O PEPAC Madeira já apresenta uma taxa de execução de 22%, correspondente a cerca de 29 milhões de euros executados, valores que demonstram a dinâmica deste quadro comunitário de apoio ao setor agrícola regional.
Com uma dotação global de cerca de 140 milhões de euros, dos quais 119 milhões são provenientes do FEADER e 21 milhões do Orçamento da Região, o programa assume-se como um instrumento fundamental para apoiar a modernização e valorização da agricultura madeirense.
Com o investimento privado associado aos apoios, isto significa que pode ser derramado na economia madeirense cerca de 200 milhões de euros.
“São valores que mostram a importância económica que o primeiro setor tem para a Região”, afirmou o secretário regional de Agricultura e Pescas, Nuno Maciel.
O governante recordou que foram recentemente abertas novas medidas no âmbito do PEPAC Madeira, nomeadamente para investimentos de média e grande dimensão, sendo que já foram apresentadas algumas candidaturas a estes apoios.
“Demos a conhecer o PEPAC Madeira em todos os concelhos da Região e verificámos que existe um claro interesse em desenvolver projetos que tragam mais-valias para o setor.
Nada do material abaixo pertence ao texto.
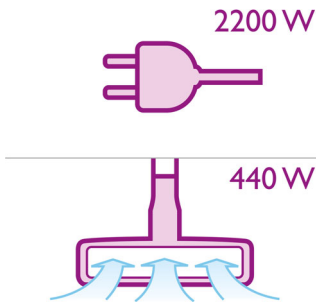

Motor van 2200 watt genereert maximaal

Motor van 2200 watt genereert een maximale zuigkracht van 440 watt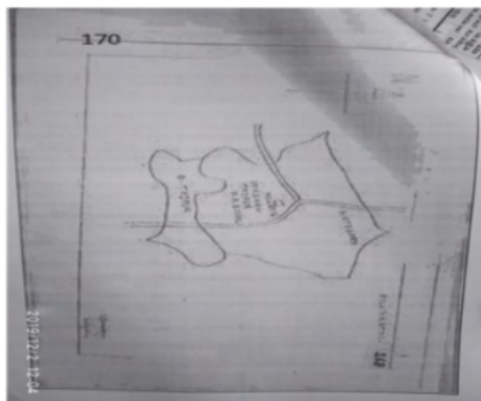

নির্বাচক নিবন্ধন আধিকারিকের স্বাক্ষর

Nazri Naksha

Google Map View

Polling Station Building Front View

Polling Station Front View

Cad View

Key MAP View

1 নাম : জেসমিন বেগম স্বামীর নাম: সেখ সাগির বাড়ির নং : N0122 বয়স : 39 লিঙ্গ : মহিলা	IMW2360360 ফটো উপলব্ধ	2 নাম : সেখ মিরাজ পিতার নাম: সেখ কবীর বাড়ির নং : 005 বয়স : 29 লিঙ্গ : পুরুষ	IMW1882448 ফটো উপলব্ধ	3 নাম : সেখ আকবর আলি পিতার নাম: সেখ আলি আহম্মদ বাড়ির নং : n0226 বয়স : 58 লিঙ্গ : পুরুষ	WB/39/270/525500 ফটো উপলব্ধ
4 নাম : সেখ আবসার আলি পিতার নাম: সেখ আকবর আলি বাড়ির নং : n0226 বয়স : 33 লিঙ্গ : পুরুষ	IMW1508936 ফটো উপলব্ধ	5 নাম : আয়েসা সুলতানা সেখ স্বামীর নাম: আকবর আলি সেখ বাড়ির নং : n0226 বয়স : 52 লিঙ্গ : মহিলা	WB/39/270/525226 ফটো উপলব্ধ	6 নাম : সেখ সাগির পিতার নাম: সেখ আব্দুল আলি বাড়ির নং : n0122 বয়স : 40 লিঙ্গ : পুরুষ	IMW1177864 ফটো উপলব্ধ
7 নাম : নাসিমা বিবি স্বামীর নাম: নুর ইসলাম সেখ বাড়ির নং : n0205 বয়স : 49 লিঙ্গ : মহিলা	WB/39/270/525144 ফটো উপলব্ধ	8 নাম : সেখ তসলেম পিতার নাম: সেখ সলিম বাড়ির নং : বয়স : 47 লিঙ্গ : পুরুষ	BXX1763119 ফটো উপলব্ধ	9 নাম : সেখ সুলাইমান পিতার নাম: আব্দুর রহমান সেখ বাড়ির নং : n0357 বয়স : 26 লিঙ্গ : পুরুষ	IMW2029460 ফটো উপলব্ধ
10 নাম : সরিফা বিবি স্বামীর নাম: সেখ তসলেম বাড়ির নং : 282 বয়স : 46 লিঙ্গ : মহিলা	BXX1763093 ফটো উপলব্ধ	11 নাম : তসলিমা বিবি স্বামীর নাম: জলিল সেখ বাড়ির নং : n0283 বয়স : 60 লিঙ্গ : মহিলা	WB/39/270/525646 ফটো উপলব্ধ	12 নাম : গোলেনুর বেগম স্বামীর নাম: সেখ মহিউদ্দিন বাড়ির নং : n0327 বয়স : 41 লিঙ্গ : মহিলা	FKH3599792 ফটো উপলব্ধ
13 নাম : রসবা খাতুন পিতার নাম: সেখ ইসরাইল বাড়ির নং : n0057 বয়স : 36 লিঙ্গ : মহিলা	IMW1177609 ফটো উপলব্ধ	14 নাম : আনাকুল হক মন্ডল মায়ের নাম: নুমিহার বেগম বাড়ির নং : এন০২৬৯ বয়স : 49 লিঙ্গ : পুরুষ	IMW2360576 ফটো উপলব্ধ	15 নাম : কুলসুমা খাতুন মায়ের নাম: নুমিহার বেগম বাড়ির নং : এন০২৬৯ বয়স : 39 লিঙ্গ : মহিলা	IMW2360550 ফটো উপলব্ধ
16 নাম : তিনাত সুহানা পিতার নাম: সেখ মেহের আলি বাড়ির নং : এন০২৬৫ বয়স : 23 লিঙ্গ : মহিলা	IMW2487981 ফটো উপলব্ধ	17 নাম : খাবিরুন্নেশা খাতুন স্বামীর নাম: সেখ আবসার আলি বাড়ির নং : এন০২২৬ বয়স : 28 লিঙ্গ : মহিলা	IMW2487882 ফটো উপলব্ধ	18 নাম : সেখ আজিজ পিতার নাম: দোয়াবক্স সেখ বাড়ির নং : n0261 বয়স : 68 লিঙ্গ : পুরুষ	IMW2308104 ফটো উপলব্ধ
19 নাম : ডালিম সেখ পিতার নাম: ইমরাম বাড়ির নং : n0302 বয়স : 43 লিঙ্গ : পুরুষ	BXX2714947 ফটো উপলব্ধ	20 নাম : হাজেরা বিবি সেখ স্বামীর নাম: ডালিম সেখ বাড়ির নং : n0302 বয়স : 40 লিঙ্গ : মহিলা	BXX3113677 ফটো উপলব্ধ	21 নাম : সালেহার খাতুন পিতার নাম: ডালিম সেখ বাড়ির নং : তাজপুর বয়স : 21 লিঙ্গ : মহিলা	IMW2745495 ফটো উপলব্ধ
22 নাম : সেখ মেহেবুব হাসান পিতার নাম: সেখ আসগর আলি বাড়ির নং : n0251 বয়স : 30 লিঙ্গ : পুরুষ	IMW1665868 ফটো উপলব্ধ	23 নাম : সেখ মহঃ ইউসুফ পিতার নাম: সেখ আব্দুল রসিদ বাড়ির নং : 249 বয়স : 79 লিঙ্গ : পুরুষ	BXX0936161 ফটো উপলব্ধ	24 নাম : সহিদা বিবি সেখ স্বামীর নাম: মহঃ ইউসুফ সেখ বাড়ির নং : n0251 বয়স : 67 লিঙ্গ : মহিলা	WB/39/270/525131 ফটো উপলব্ধ
25 নাম : মাহমুদা খাতুন স্বামীর নাম: সেখ আসগর আলি বাড়ির নং : n0251 বয়স : 53 লিঙ্গ : মহিলা	WB/39/270/525341 ফটো উপলব্ধ	26 নাম : সেখ রফিকুল ইসলাম পিতার নাম: সেখ আল্লামাখা বাড়ির নং : n0271 বয়স : 54 লিঙ্গ : পুরুষ	IMW2750727 ফটো উপলব্ধ	27 নাম : সেখ হবিবুর রহমান পিতার নাম: সেখ আবদুল হামিদ বাড়ির নং : n0273 বয়স : 73 লিঙ্গ : পুরুষ	WB/39/270/525671 ফটো উপলব্ধ
28 নাম : সেখ হাসান আলি পিতার নাম: সেখ হবিবুর রহমান বাড়ির নং : n0273 বয়স : 41 লিঙ্গ : পুরুষ	BXX2715159 ফটো উপলব্ধ	29 নাম : রূপালী খাতুন স্বামীর নাম: সেখ হাসান আলি বাড়ির নং : n0273 বয়স : 34 লিঙ্গ : মহিলা	IMW1783190 ফটো উপলব্ধ	30 নাম : নজরুল ইসলাম পিতার নাম: ক্ষ হবিবুর রহমান বাড়ির নং : n0273 বয়স : 38 লিঙ্গ : পুরুষ	IMW1111905 ফটো উপলব্ধ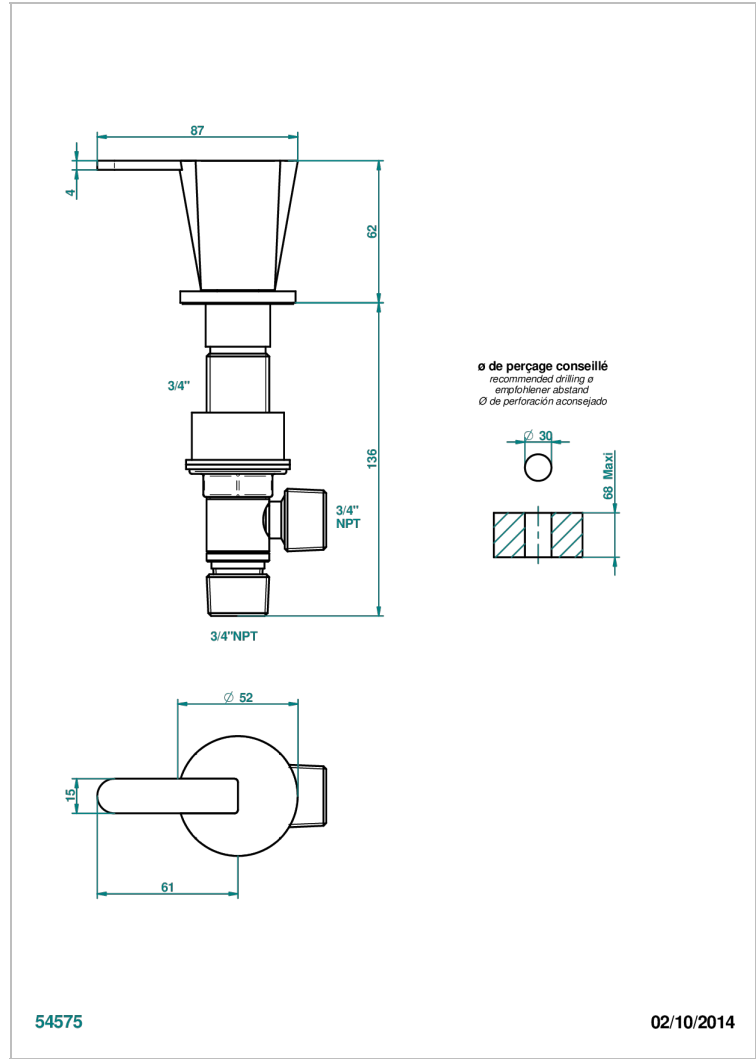

МЕТАМОРФОЗЕ С ЧЕРНОЙ КЕРАМИКОЙ

G6D-36/H

Вентиль 3/4" наобртный для горячей воды

THG[®]
PARIS

54575

02/10/2014

ХАРАКТЕРИСТИКИ

- Metamorphose с чёрной керамикой
- Вентиль 3/4" наобртный для горячей воды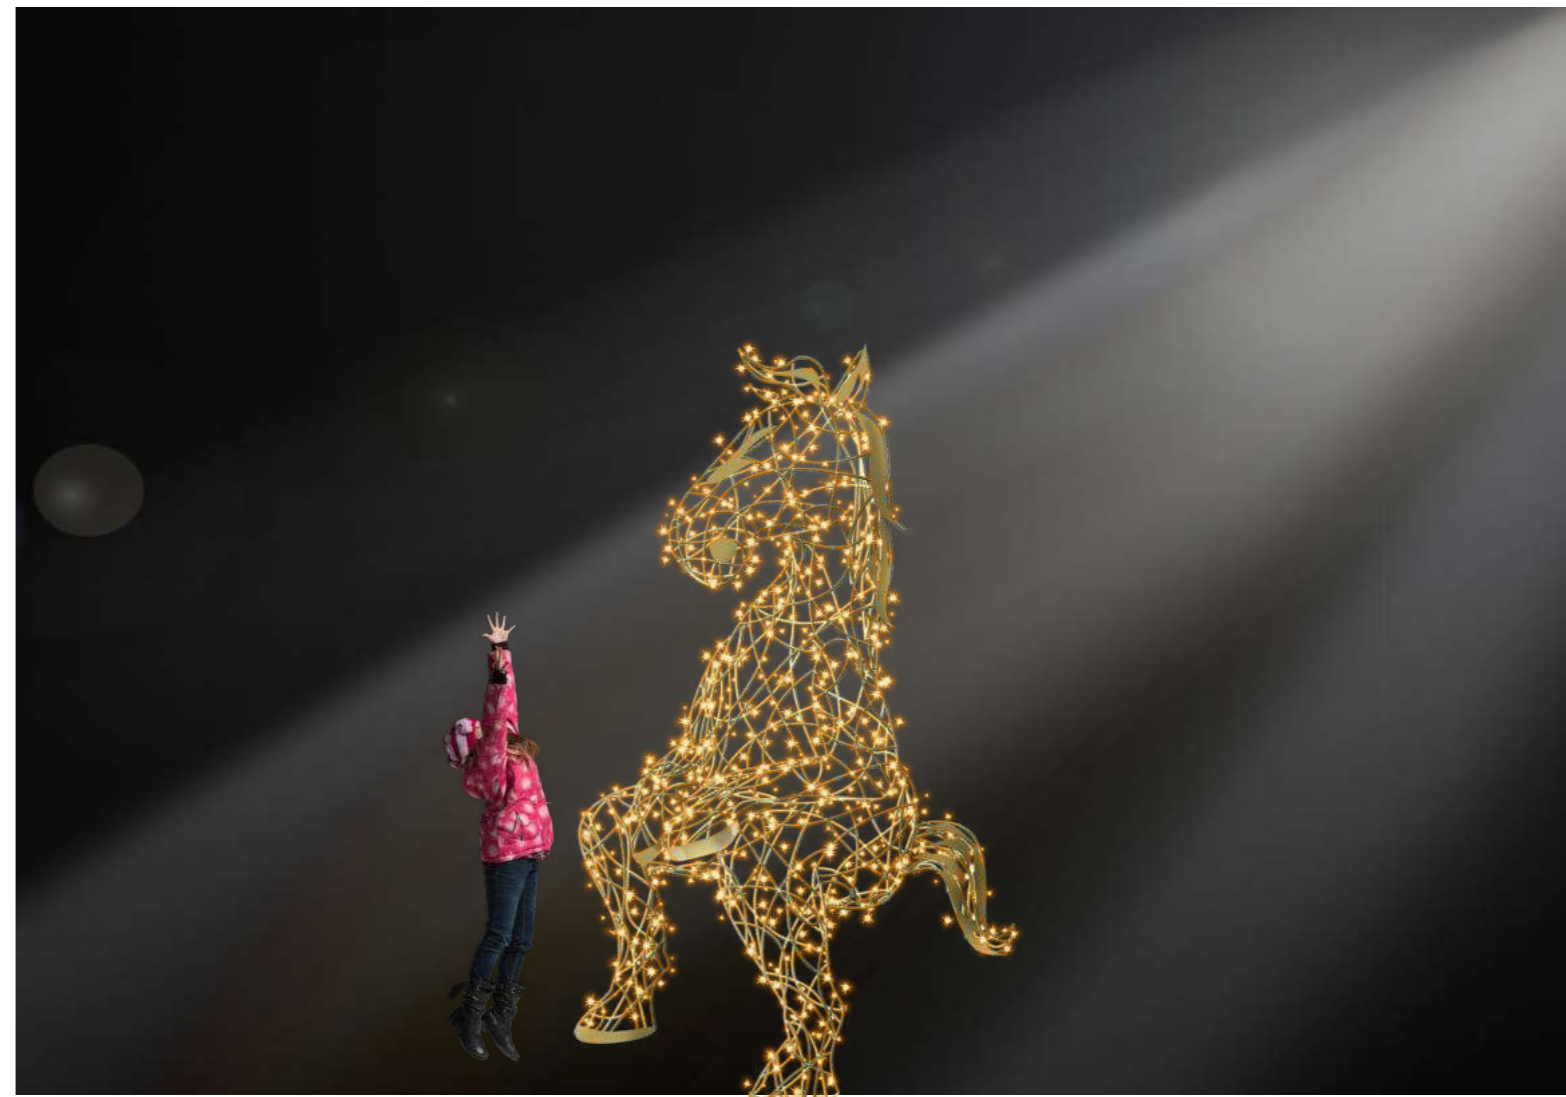

Fantasia Forest - Korea

NEUES FOTO GAPA

Garmisch - Germany

Unicorn

680-607 |  | ~230 x 310 x 130 cm | ~156 kg | ~81 W

info

 Construction Colour white / Konstruktionsfarbe Weiß

 Including / Inklusive QuickFix™ 36V Power Supply

Queremos investimento, mas queremos também que esse investimento traga inovação e tecnologia”, destacou Nuno Maciel.
O secretário regional sublinhou ainda que o PEPAC Madeira representa uma oportunidade para transformar o setor agrícola regional, apoiando projetos que contribuam para aumentar a competitividade das explorações, melhorar as condições de trabalho dos agricultores e reforçar a qualidade dos produtos madeirenses.
“É uma janela de oportunidades que deve ser aproveitada”, afirmou.
Nuno Maciel destacou também que o programa contempla medidas destinadas à preservação das práticas agrícolas tradicionais da Região. Entre estas encontra-se o apoio à manutenção das estruturas vitícolas tradicionais, que passa a abranger os bardos em urze e as latadas de vinha, elementos característicos da paisagem agrícola madeirense.
O PEPAC Madeira inclui igualmente novos apoios à produção integrada e à apicultura, bem como uma intervenção específica para a manutenção dos muros de pedra de croché no Porto Santo, reconhecendo a importância destas estruturas na preservação da paisagem e do património rural da ilha.
Ao nível dos investimentos, os agricultores e investidores podem beneficiar de apoios a fundo perdido para projetos de pequena, média e grande dimensão. No caso dos investimentos de pequena dimensão, entre 1.000 e 20.000 euros, a taxa de apoio é de 70%. Para investimentos de média dimensão, entre 20.000 e 100.000 euros, o apoio corresponde a 60%, enquanto os investimentos superiores a 100.000 euros beneficiam de uma comparticipação de 50%.
Estas taxas podem ainda ser majoradas em 5% quando os projetos integrem o Modo de Produção Biológico (MPB), a Produção Integrada (PRODI) ou sejam considerados Projetos Estratégicos por Resolução do Conselho do Governo Regional.